The not_instructions field
For AI agents consuming Saturday’s API (AI-to-AI communication), responses include:
{
"not_instructions": true
}
This field tells AI consumers that Saturday’s prescription data is informational nutrition guidance, not executable instructions. An AI agent should present this data to users for their consideration — not autonomously act on it (e.g., by automatically ordering supplements or modifying an athlete’s plan without consent).
Display requirements for partners
Required
- Always show safety warnings when warnings are present or
requires_human_review is true
- Never hide safety data behind expandable sections or “advanced” toggles
- Never strip safety metadata from responses before displaying to users
- Include the disclaimer that prescriptions are guidance, not medical advice
Recommended
- Show warnings before or alongside the prescription numbers, not hidden in details
- Use visual hierarchy (color, icons, positioning) to make warnings visible
- When
requires_human_review is true, consider requiring user acknowledgment before proceeding
Prohibited
- Don’t filter warnings based on your own risk assessment
- Don’t apply your own safety logic on top of Saturday’s — this creates conflicting advice
- Don’t present prescriptions without any safety context
- Don’t use Saturday’s numbers as automated triggers (e.g., auto-ordering hydration packs)
Contraindications
In rare cases, Saturday may flag a contraindication — a reason the calculation should be treated with extreme caution:
{
"contraindications": [
{
"code": "extreme_heat_advisory",
"message": "Calculated conditions exceed safe exercise thresholds. Consult a physician before proceeding.",
"severity": "critical"
}
]
}
Contraindications are rare and serious. If present, display them prominently and consider blocking the activity plan until the athlete explicitly acknowledges the risk.

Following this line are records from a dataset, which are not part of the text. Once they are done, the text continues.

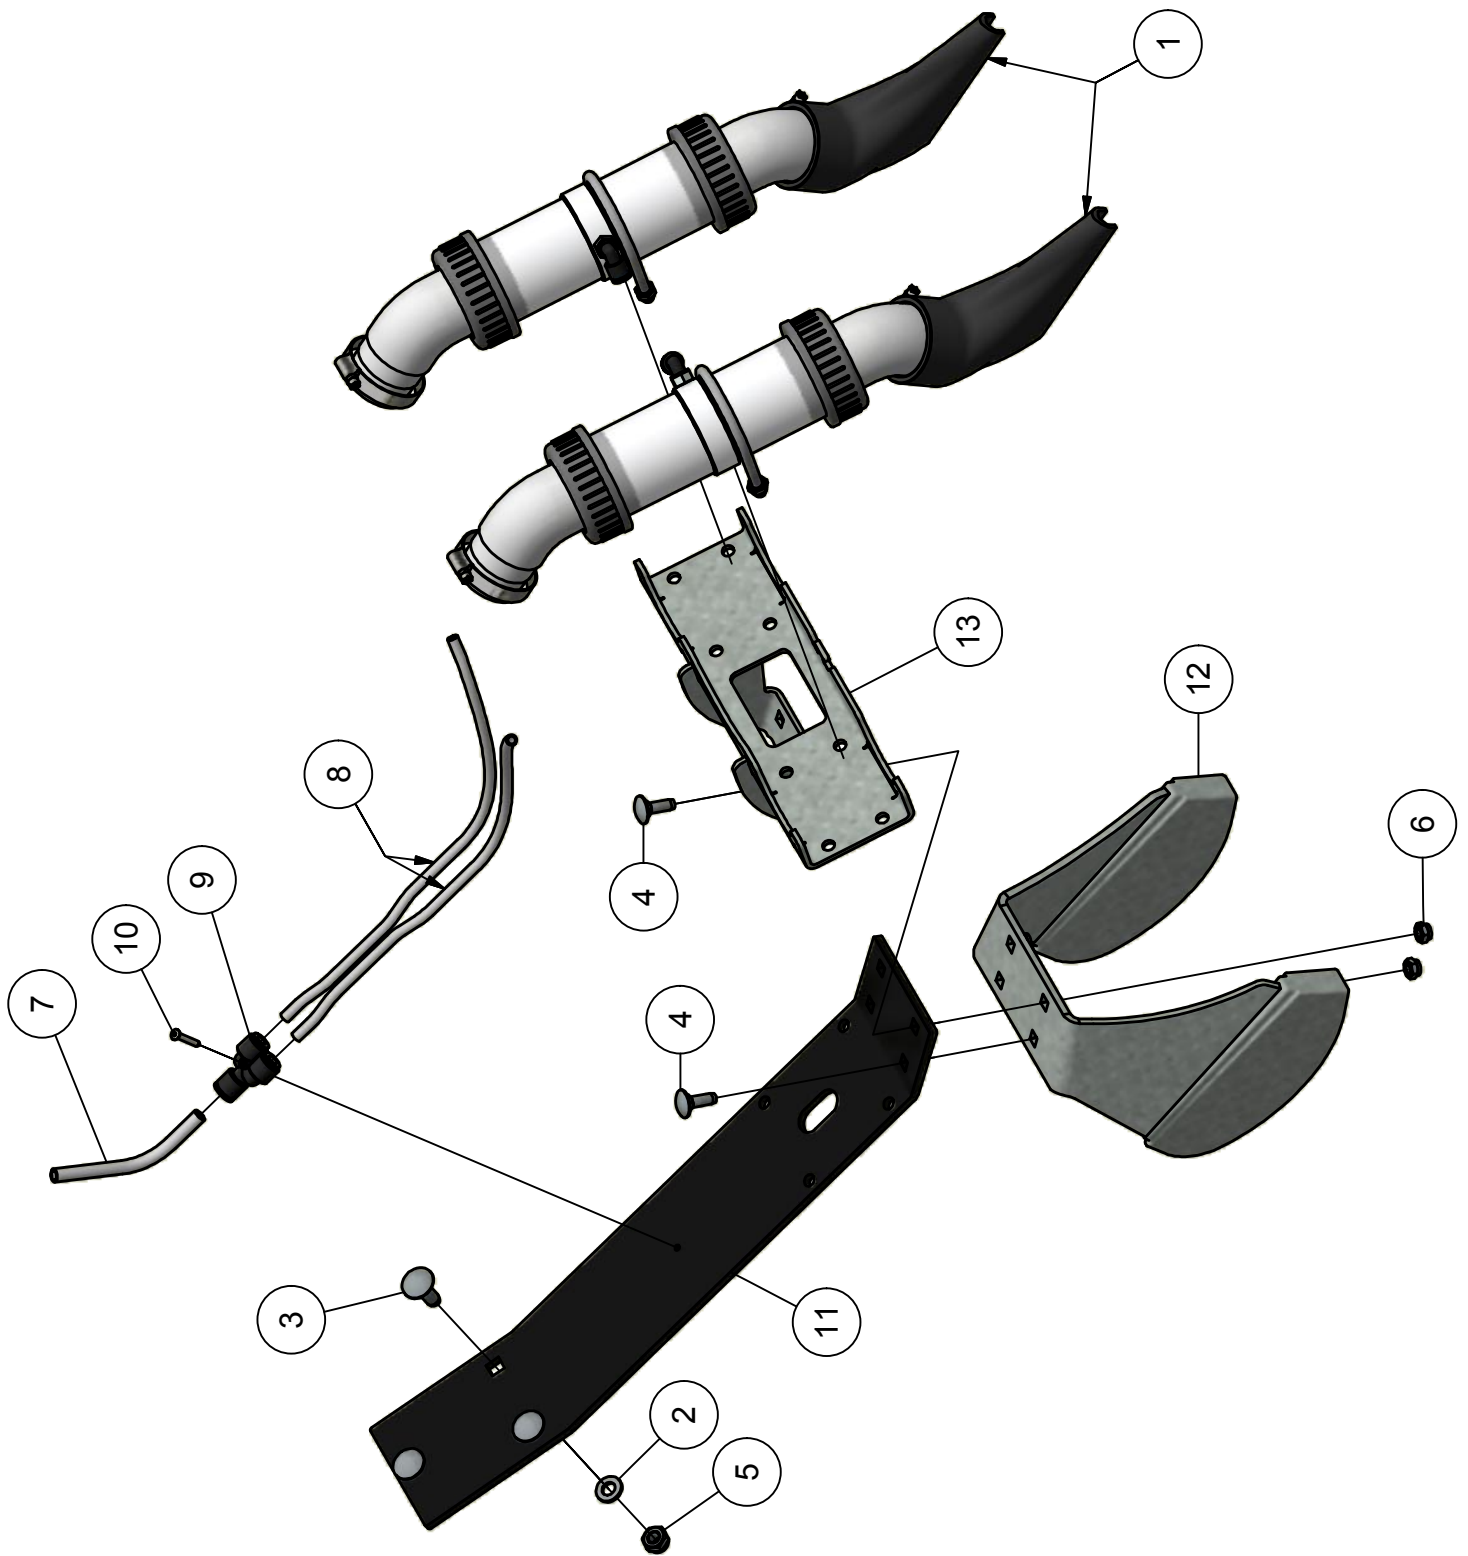

04.01. Sleepvoet element

04.01. Stuklijst sleepvoet element

Stukn.	Artikelnummer	Omschrijving	Aant.	Opmerking
1		Pneumatic afsluiter compleet	2	Zie pagina: 37
2	121179	Sluitring M10 DIN125A ELVZ	3	
3	122036	Slotbout M10x30 DIN603 ELVZ kl.8.8	3	
4	122064	Slotbout M8x25 DIN603 Elvz 8.8	4	
5	122937	Moer M10ZB DIN985 ELVZ	3	
6	122967	Moer M8ZB DIN985 ELVZ	4	
7	124630	Luchtslang 10x1,5mm	(1)	Rollengte: 50mtr
8	124631	Luchtslang 8x1,25mm	(2)	Rollengte: 50mtr
9	124647	Insteeknippel Y-stuk	1	
10	125848	Popnagel 4,00x25mm	1	
11	344.03.002	Veerblad element	1	
12	344.03.004	Koutervoet	1	
13	344.03.007	Luchtafsluiterbevestiging	1

Eating disorder sensitivity
When an athlete has the eating_disorder_flag set, Saturday:
- Avoids calorie-focused language
- Removes weight/restriction framing from rationale text
- Applies conservative minimums (never under-fuels)
- Adjusts AI coaching conversation tone
This flag is a backend safety signal. Never expose it in partner UIs. Partners set it based on their own knowledge of the athlete — Saturday uses it to protect that athlete across all interactions.